Chłopak zdziwił się, ale podszedł i oboje wypuścili lampion w powietrze, a on wznosił się, coraz wyżej i wyżej, tak, że w końcu widać było tylko malutkie światełko.
Ula spojrzała na Janka i przyniosła kolejny lampion. Wypuszczali kolejno, następne lampiony, aż zaroiło się wokół nich od wznoszących się w powietrze światełek. Odwrócili się do siebie.
- Dziękuję... - powiedziała Ula przygryzając wargę. W oczach pojawiły jej się łzy.
- Hej... Nie płacz - Jaś położył jej dłoń na policzku i starł pojedynczą łzę.
Dziewczyna uśmiechnęła się.
- Łatwo ci mówić - rzuciła przewracając oczami.
Janek również się zaśmiał i przybliżył do niej. Prawie stykali się nosami.
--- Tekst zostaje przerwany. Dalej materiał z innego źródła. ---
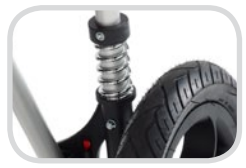

out n' about

**nipper
sport**

The nipper sport is aimed at parents who wish to use their buggy in off-road conditions and / or parents who intend to use their buggy whilst jogging. The fixed front wheel ensures maximum stability over rough terrain, whilst the large 16" wheels guarantee a smoother ride for the child and an easier push for the parents.

Other than the large 16" wheels, fixed front wheel, and a handlebar-mounted brake lever to govern speed, the nipper sport boasts the same great features as the Out 'n' About nipper 360° single model.

nipper sport

Features include:

height adjustable handle

independent rear suspension for a smoother ride

one pedal easy lock brake system

quick-release wheel system to fold extremely flat

rain / wind Cover

travel system compatible

Czuła na ustach jego oddech.
Bez namysłu przylgnęła wargami do jego warg. Bez namysłu zaczęła go gładzić po włosach. Bez namysłu oddała poprzez ten pocałunek wszystkie swoje uczucia.
Janek przysunął ją do siebie i złapał za biodra.
Przygryzł jej wargę, a kiedy zabrakło im tchu oderwali się od siebie głośno oddychając.
Ula uśmiechnęła się. Chłopak to odwzajemnił. Złapał ją za rękę i przytulił.
I przez długi czas stali tak, oboje z prawdziwymi uśmiechami na twarzach i z iskierką czegoś nowego w sercu. Czegoś co odmieni ich życie.